# West Coast Old Bike Events



## jerrywge (Jul 25, 2007)

Hey you guys, get out to one of these events!!!!

August 11th, Seattle's Fremont neighborhood, annual New Belgium Brewery Tour de Fat gigantic bicycle festival, starts about noon, check out their web site for more details and pictures from last years parade,  live music, food, a really big beer garden, old bikes and lots of people!!!!  This is one crazy and fun event!!!

August 25th, Tacoma WA, annual Harold LeMay open house, all day long, over a 1,000 vintage cars, bicycle concours, motorcycles, and many antique items of interest.  A really really big deal, it's amazing just   to see this place, antique buses will take you to the different venues, lots of food, over 10,000 attendees, last year had close to 100 concours bicycles entered in a judged event!!! Call Ron Summer, 206-364-0922 for details, or check out the classic bicycle concours blog at:    http://classicbicycles.blogspot.com/    lots of pic's of last years event.

September 15th, Portland OR/Vancouver WA annual Iron Ranch Old Bicycle Swap Meet and Whizzer Ride, all day long, this venue is worth the trip all by itself, they had over 35 vendors for the swap meet last year, and about 20 Whizzers on the ride, I have a flyer for this event that I can email you if you want one.
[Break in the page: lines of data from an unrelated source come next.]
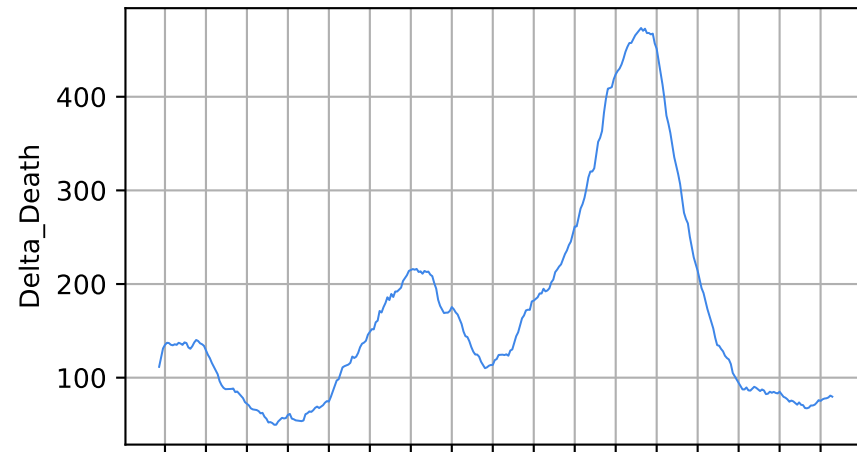

Date

18/03/20 08/04/20 29/04/20 20/05/20 10/06/20 01/07/20 22/07/20 12/08/20 02/09/20 23/09/20 14/10/20 04/11/20 25/11/20 16/12/20 06/01/21 27/01/21 17/02/21 10/03/21

Date

Covid-19 situation on 23 February, 2021

Iran

Number of cases

Daily number of cases

Number of dead

Daily number of dead

Iran

18/03/20 08/04/20 29/04/20 20/05/20 10/06/20 01/07/20 22/07/20 12/08/20 03/09/20 23/09/20 14/10/20 04/11/20 25/11/20 16/12/20 06/01/21 27/01/21 17/02/21 10/03/21

Date

18/03/20 08/04/20 29/04/20 20/05/20 10/06/20 01/07/20 22/07/20 12/08/20 03/09/20 23/09/20 14/10/20 04/11/20 25/11/20 16/12/20 06/01/21 27/01/21 17/02/21 10/03/21

Date

Covid-19 situation on 23 February, 2021 South Africa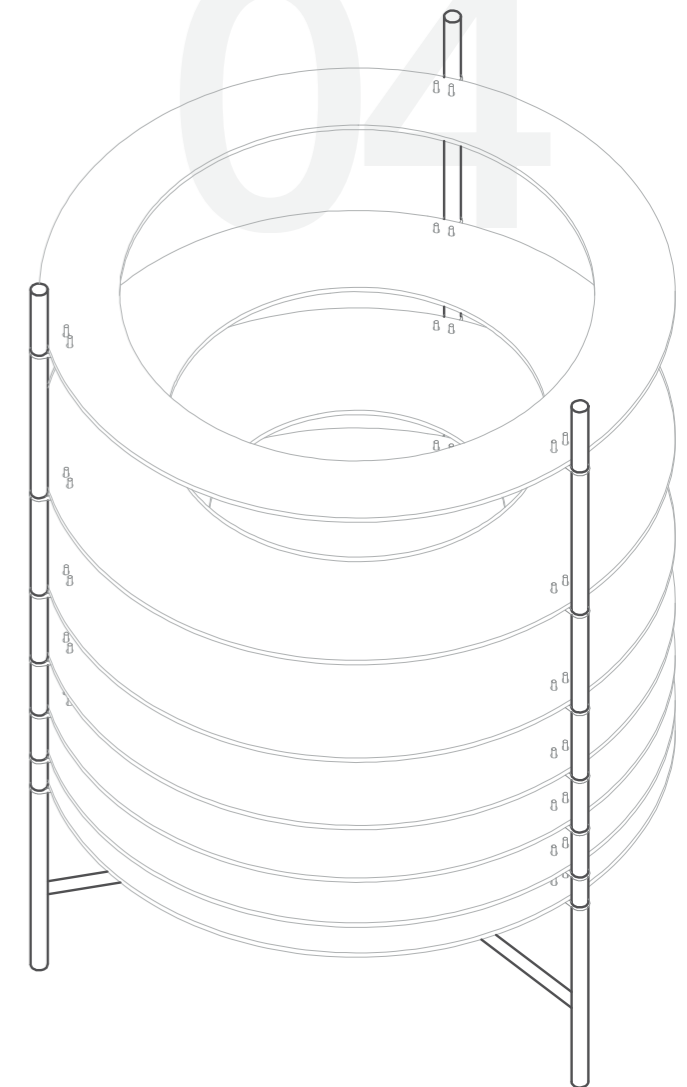

mirabobo Topuro

Front / top view. 01
Shades drawings. 02
Exploding view. 03
Axonometric view. 04

Ø300mm

mirabobo Topuro S

Front / top view. 01
Shades drawings. 02
Exploding view. 03
Axonometric view. 04

Ø180mm

October 5th and 6th , Annual Fresno CA/Kingsburg Whizz In, Huge Whizzer Ride on Saturday, followed by a big BBQ, then a Old Bike Swap Meet on Sunday, worth the trip, guaranteed great weather, right on     a river with lots of camping available, great facilities!!!!, last years Whizzer ride set a record with over 85 Whizzers and other motorized two wheelers on the ride through the beautiful central CA farmland.  The swap on Sunday had about 20 vendors, show up and sell some of your junk.  I have a flyer with all the details I can email to anyone interested.


----------